Os homens transexuais (mulheres que fizeram transição para o gênero masculino), com menos de 45 anos, devem alistar-se nas Forças Armadas assim que obtiverem o novo registro civil, refletindo a mudança de sexo e nome, segundo o Ministério da Defesa. Já as mulheres trans (homens que mudaram para o gênero feminino), que alteraram seus documentos antes dos 18 anos, deixam de ter a obrigação de se apresentar para o serviço militar obrigatório. 

O posicionamento oficial da pasta ocorreu na semana passada, diante de consulta feita pela Defensoria Pública do Rio. O órgão enviou ofício à pasta questionando a situação, uma vez que não há lei sobre o tema. Em resposta à Defensoria, o ministério informou que os homens trans devem alistar-se em uma das Forças. Avisou também que podem ser convocados a prestar serviço militar obrigatório ou fazer parte do cadastro da reserva para eventual convocação se necessário. 

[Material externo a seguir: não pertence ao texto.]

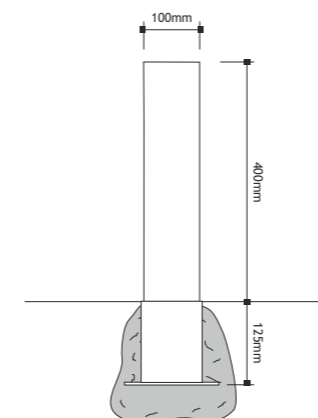

Granite Single Post

Montreal Cedar Tee Post (C001)

The Western Red Cedar tee post is every bit as elegant as its twin posted counterpart.

All graphics are reverse engraved and the timber is then finished using coloured oils and stains.

Includes post sleeve.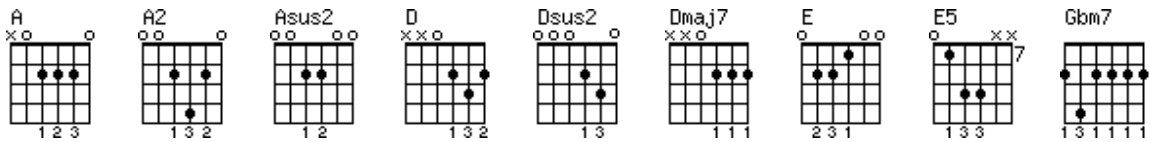

## VERSE 1:

**Gbm7 D2**  
There's a peace I've come to know  
**A E5**  
Though my heart and flesh may fail  
**Gbm7 D2**  
There's an anchor for my soul  
**A E5**  
I can say, "It is well."

**BRIDGE 2X (build to a crescendo):**

**D2 A E**  
And I hear the voice of many angels sing  
**D2 A E**  
“Worthy is the Lamb.”  
**D2 A E**  
And I hear the cry of every longing heart  
**D2 A E**  
“Worthy is the Lamb.”

**D2 A E (8-beats)**  
“Worthy is the Lamb.”

Musical Interlude 2X:

**A E Gbm7 D2**

ENDING CHORUS (softly, slowly to end):

**A E**

And I will rise when He calls my name

**Gbm7 D2**

No more sorrow, no more pain

**A E**

I will rise on eagles wings

**Gbm7 D2**

Before my God, fall on my knees

**A2 D2 A/E E**

And rise I will rise

**A2 E A**

I will riii-- -ii-----ise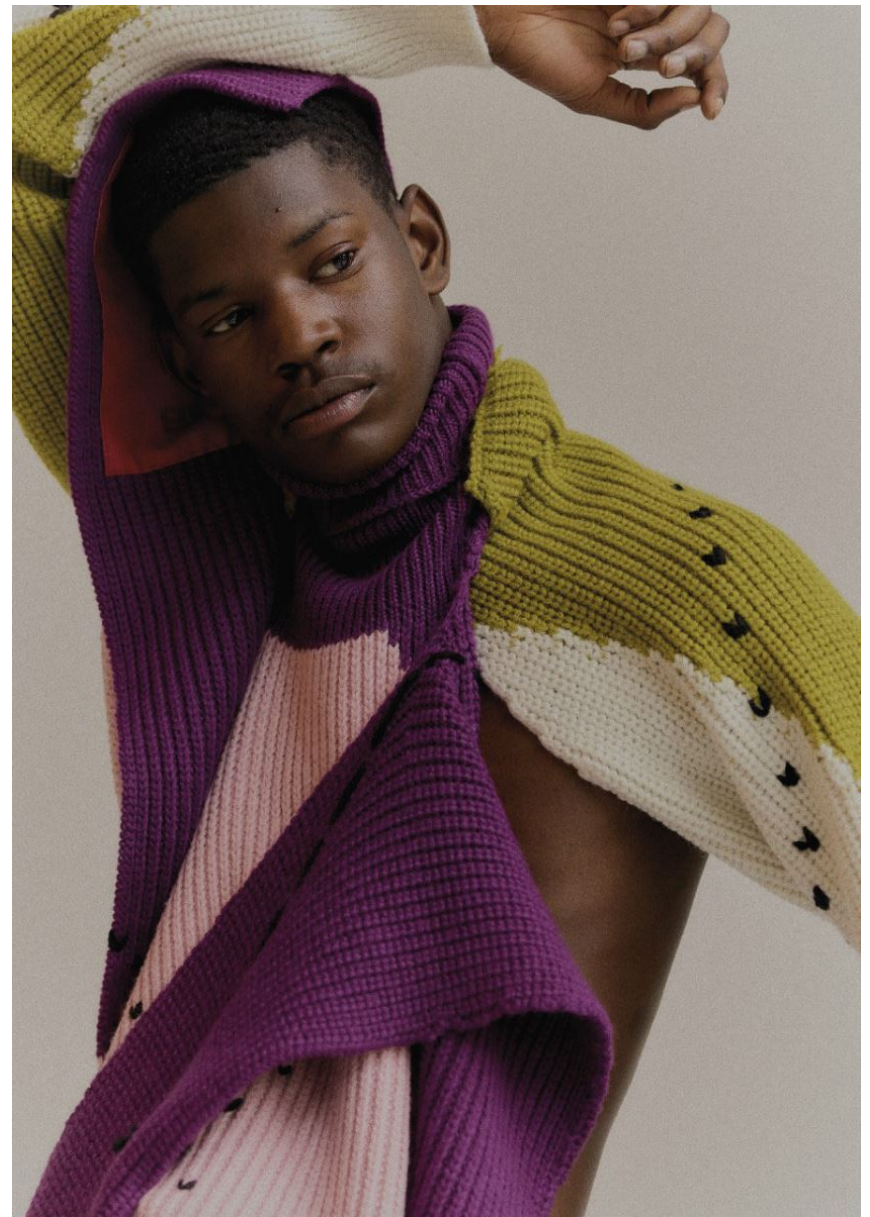

GRACE MUSASE

GRÖSSE **190** OBERWEITE **95**
TAILLE **75** HÜFTE **98**
SCHUHE **43** HAARE **SCHWARZ**
AUGEN **SCHWARZ**

Hamburg +49 40 413 236 - 0 Berlin +49 30 616 606 - 6
www.m4models.de

HEIGHT **6' 2.5"** BUST **38"**
WAIST **29"** HIPS **38"**
SHOES **10** HAIR **BLACK**
EYES **BLACK**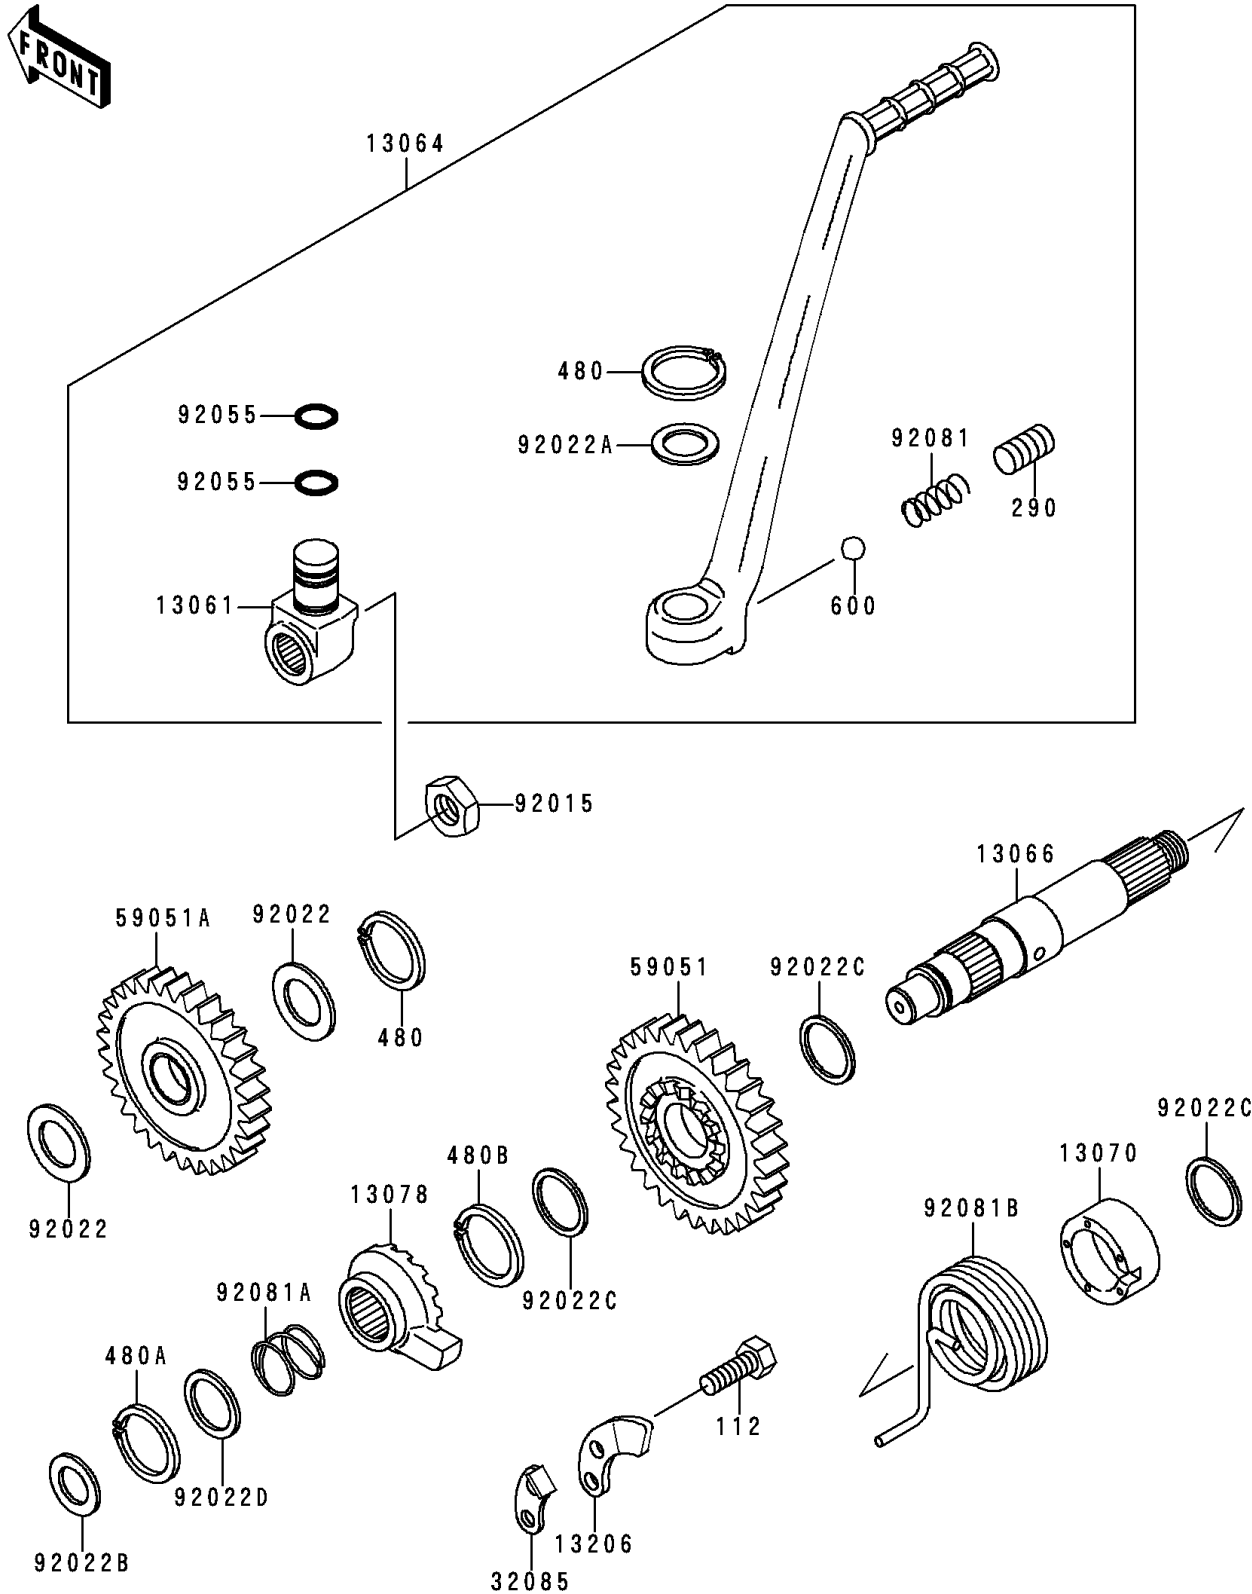

1996 KDX200 PARTS DIAGRAM

Kickstarter Mechanism

E1340

1996 KDX200 PARTS LIST

Kickstarter Mechanism

ITEM NAME	PART NUMBER	QUANTITY
BOLT-UPSET (Ref # 112)	112Y0618	1
SCREW-SET-SOCKET,8X8 (Ref # 290)	290Q0808	1
CIRCLIP-TYPE-C,15MM (Ref # 480)	480J1500	1
CIRCLIP-TYPE-C,16MM (Ref # 480A)	480J1600	1
CIRCLIP-TYPE-C,18MM (Ref # 480B)	480J1800	1
BALL-STEEL,1/4" (Ref # 600)	600A0800	1
BOSS,KICK PEDAL (Ref # 13061)	13061-1487	1
LEVER-ASSY-KICK,PEDAL (Ref # 13064)	13064-1174	1
SHAFT-KICK (Ref # 13066)	13066-1071	1
GUIDE,KICK SPRING (Ref # 13070)	13070-1063	1
RATCHET (Ref # 13078)	13078-1063	1
GUIDE-KICK (Ref # 13206)	13206-1061	1
STOPPER,KICKSTARTER (Ref # 32085)	32085-1016	1
GEAR-SPUR,KICKSTARTER (Ref # 59051)	59051-1224	1
GEAR-SPUR,KICK,30T (Ref # 59051A)	59051-1309	1
NUT,12MM (Ref # 92015)	92015-1958	1
WASHER,15.3X25X0.5 (Ref # 92022)	92022-1045	1
WASHER,16.3X24X1 (Ref # 92022A)	92022-1205	1
WASHER,12.3X20X0.5 (Ref # 92022B)	92022-269	1
WASHER,18.3X22X0.5 (Ref # 92022C)	92022-271	1
WASHER,16.8X22X0.5 (Ref # 92022D)	92022-315	1
RING-O,10X1.5 (Ref # 92055)	92055-061	1
SPRING,KICK PEDAL (Ref # 92081)	92081-020	1
SPRING,RATCHET (Ref # 92081A)	92081-122	1
SPRING,KICKSTARTER (Ref # 92081B)	92081-1926	1

“Temos conseguido muitas sentenças para retificação do nome e do sexo nos documentos”, diz a defensora Lívia Casseres, do Núcleo de Defesa da Diversidade Sexual e Direitos Homoafetivos da Defensoria Pública do Rio. “Mas, no caso de homens que nasceram mulheres e buscam ser reconhecidos como homens, a mudança de documentos não resolve todos os problemas. É que os homens precisam do Certificado de Reservista para fazer concurso público, tirar passaporte, título de eleitor, entre outras coisas. Pelo volume de pessoas com esse mesmo problema, pedimos orientação do ministério.

 
 

“Para ter certificado de reservista, os homens trans (como os demais) devem comparecer à Junta de Serviço Militar mais perto de casa. Já a mulher trans não precisa se apresentar se a alteração dos documentos tiver sido feita antes dos 18 anos. Se a mudança for após o serviço militar obrigatório, o certificado deixa de ter utilidade a ela. 

O serviço militar obrigatório é composto de três etapas: o alistamento, a seleção e a incorporação ao serviço militar. Nem todos passam pelas três etapas. Muitos são dispensados na seleção geral por excesso de contingência ou por não atenderem aos critérios exigidos. 

“No caso das pessoas trans, o serviço militar obrigatório deveria ser limitado ao alistamento, para cumprir as exigências legais, dando a opção de dar seguimento ou não às outras etapas”, diz Giowana Cambrone, professora de Direito da Família, transexual e ativista LGBT. “Pelas características dos treinamentos, das atividades dos quartéis e da cultura organizacional das Forças Armadas, considero que pode ser muito arriscado e mesmo causar danos psíquicos e físicos a presença de homens trans nas corporações.” 

Mas ativistas alegam que muitos homens trans querem servir ou, pelo menos, ter assegurado seu direito de servir. E haveria preconceito por parte das Forças, que nunca os convocariam. A Defesa garantiu não haver preconceito. E explicou que, entre o alistamento e a seleção não há exame físico; a escolha é feita só com base no número do CPF. O que ocorre, diz a pasta, é que em muitos locais há excesso de contingente. 

Clandestinidade 

No fim dos anos 1970, o sexólogo, escritor e ativista João W. Nery, de 68 anos, se apresentou em uma cidade do interior, onde sabia haver excesso de contingente, para ser dispensado do exame física, conta. Ele fez a transição em 1977, quando ninguém conhecia a palavra trans. “Para fazer um novo registro, do sexo masculino, fui ao cartório no peito e na marra e disse simplesmente que não tinha documento algum. Que precisava tirá-los.” 

Ele conseguiu os novos documentos e o Certificado de Reservista. Mas perdeu os registros pregressos, incluindo a formação escolar, o diploma de Psicologia e o de mestrado. “Passei 30 anos me escondendo da polícia – afinal tinha dois CPFs -, até meu ‘crime’ prescrever.” 

Violações 

Em janeiro, o Ministério Público Federal (MPF) emitiu recomendação para que Marinha, Exército e Aeronáutica aceitem transexuais. A Transexualidade, diz o MPF, não pode ser determinante para reformar ou considerar militares incapazes. A recomendação, sem caráter judicial, veio em decorrência de inquérito civil que apura a violação de direitos humanos de trans nas Forças. 

O Ministério da Defesa diz não orientar “o processo seletivo de recrutamento e incorporação por qualquer critério excludente que não esteja baseado em condições de desempenho respaldadas por exames médicos”. As informações são do jornal O Estado de S. Paulo.